▸ **TASK DIRECTIONS**
Pictures stay out. All the rest of the records must be repeated exactly.

---------------

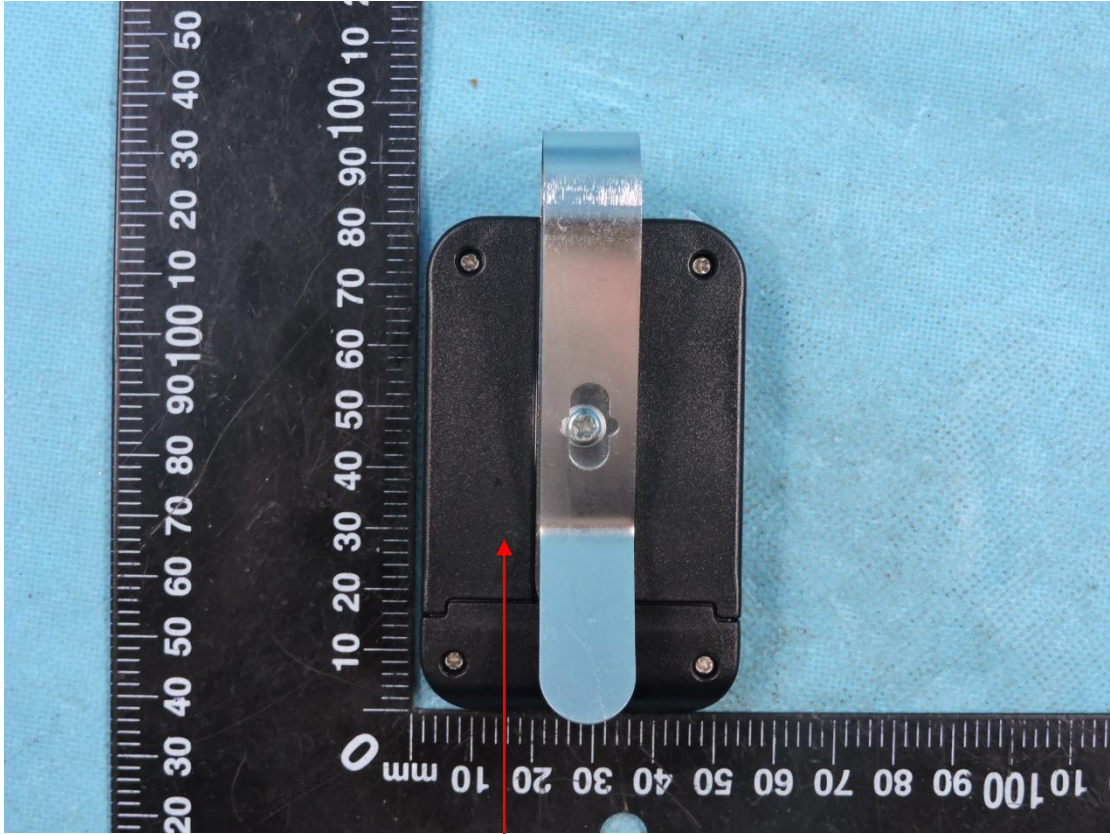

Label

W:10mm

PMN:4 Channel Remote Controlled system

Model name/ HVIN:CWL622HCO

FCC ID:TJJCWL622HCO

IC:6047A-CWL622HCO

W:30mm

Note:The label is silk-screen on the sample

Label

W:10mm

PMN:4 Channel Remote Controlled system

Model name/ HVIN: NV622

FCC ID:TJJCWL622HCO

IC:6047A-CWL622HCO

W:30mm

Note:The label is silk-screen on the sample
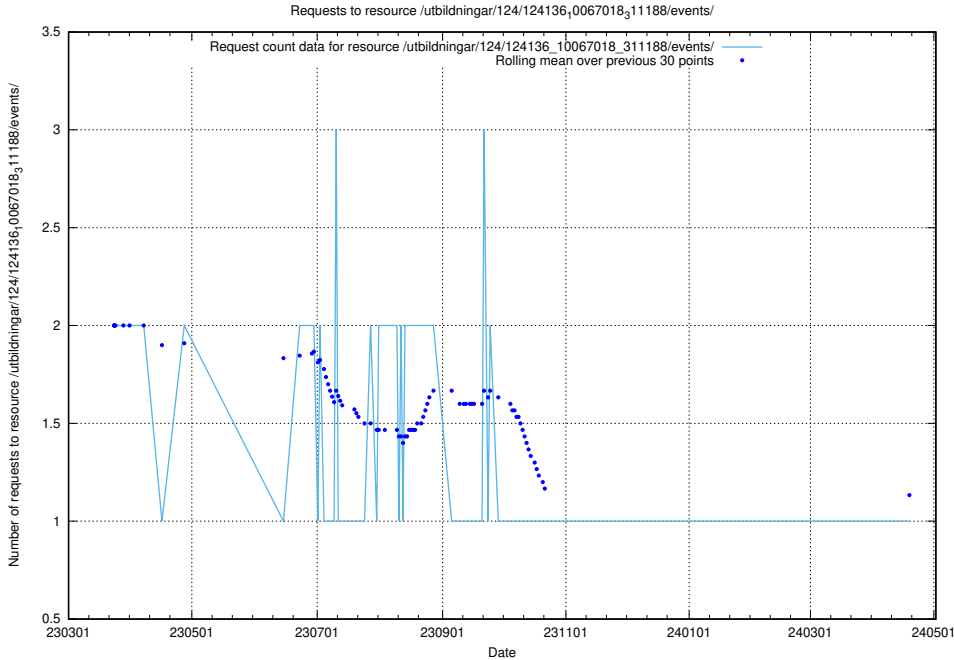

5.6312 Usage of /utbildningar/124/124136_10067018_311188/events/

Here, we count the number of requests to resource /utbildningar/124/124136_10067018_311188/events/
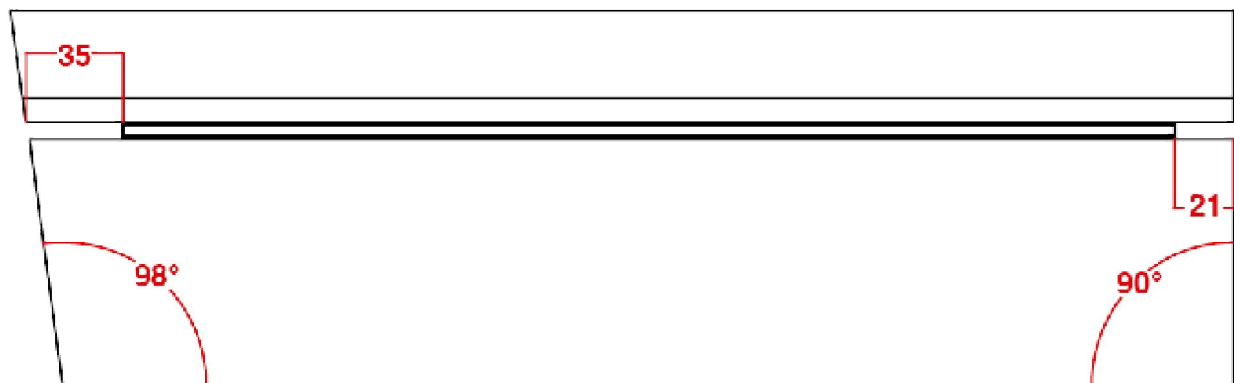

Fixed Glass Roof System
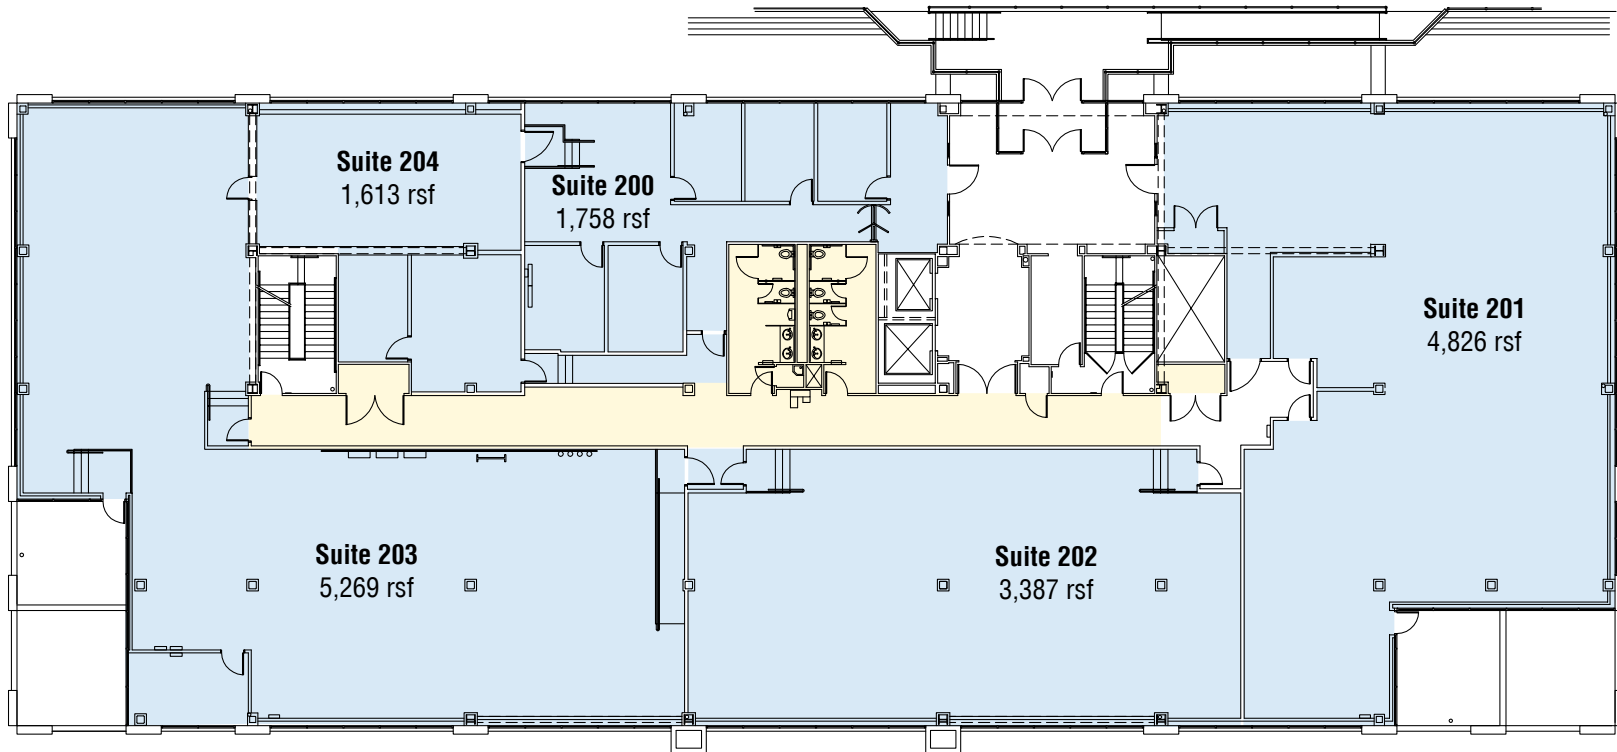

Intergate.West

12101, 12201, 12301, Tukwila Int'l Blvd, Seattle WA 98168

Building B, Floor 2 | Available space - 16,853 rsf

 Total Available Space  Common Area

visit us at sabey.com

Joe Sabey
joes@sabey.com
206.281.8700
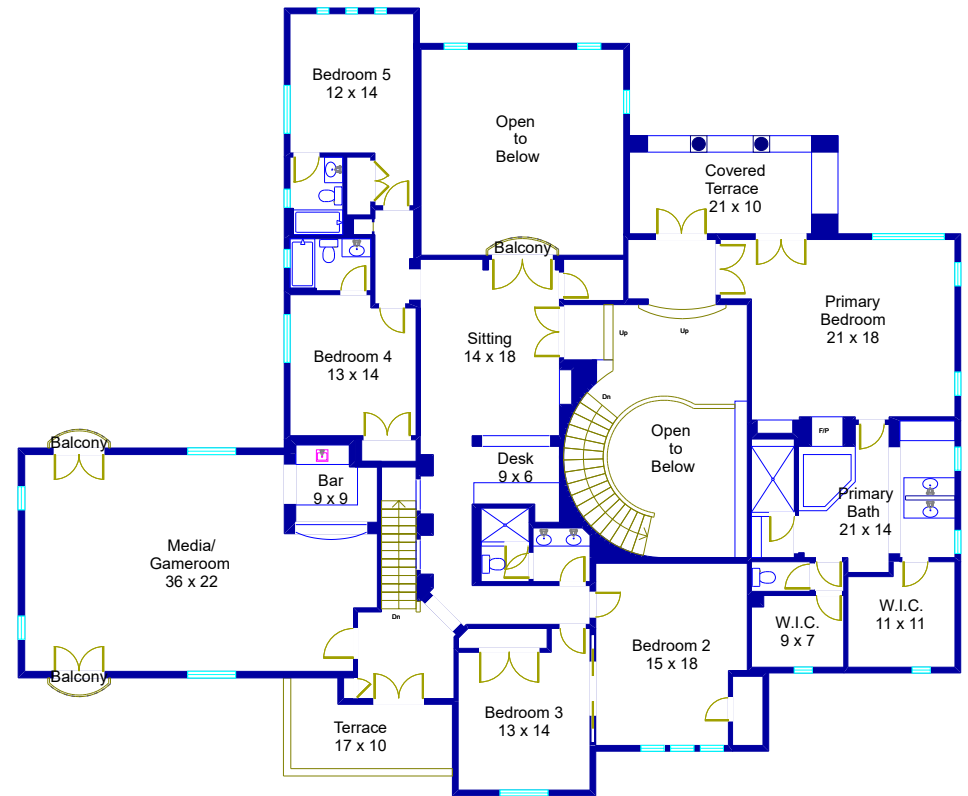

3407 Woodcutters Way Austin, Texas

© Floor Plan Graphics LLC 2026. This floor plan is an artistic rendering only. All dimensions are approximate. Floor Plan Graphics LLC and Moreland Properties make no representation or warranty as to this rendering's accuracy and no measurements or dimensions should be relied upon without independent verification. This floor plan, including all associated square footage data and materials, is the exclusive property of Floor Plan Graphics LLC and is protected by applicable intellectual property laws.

---------------

▸ **TASK RESPONSE**
Label

W:10mm

PMN:4 Channel Remote Controlled system

Model name/ HVIN:CWL622HCO

FCC ID:TJJCWL622HCO

IC:6047A-CWL622HCO

W:30mm

Note:The label is silk-screen on the sample

Label

W:10mm

PMN:4 Channel Remote Controlled system

Model name/ HVIN: NV622

FCC ID:TJJCWL622HCO

IC:6047A-CWL622HCO

W:30mm

Note:The label is silk-screen on the sample

5.6312 Usage of /utbildningar/124/124136_10067018_311188/events/

Here, we count the number of requests to resource /utbildningar/124/124136_10067018_311188/events/

Fixed Glass Roof System

Intergate.West

12101, 12201, 12301, Tukwila Int'l Blvd, Seattle WA 98168

Building B, Floor 2 | Available space - 16,853 rsf

 Total Available Space  Common Area

visit us at sabey.com

Joe Sabey
joes@sabey.com
206.281.8700

3407 Woodcutters Way Austin, Texas

© Floor Plan Graphics LLC 2026. This floor plan is an artistic rendering only. All dimensions are approximate. Floor Plan Graphics LLC and Moreland Properties make no representation or warranty as to this rendering's accuracy and no measurements or dimensions should be relied upon without independent verification. This floor plan, including all associated square footage data and materials, is the exclusive property of Floor Plan Graphics LLC and is protected by applicable intellectual property laws.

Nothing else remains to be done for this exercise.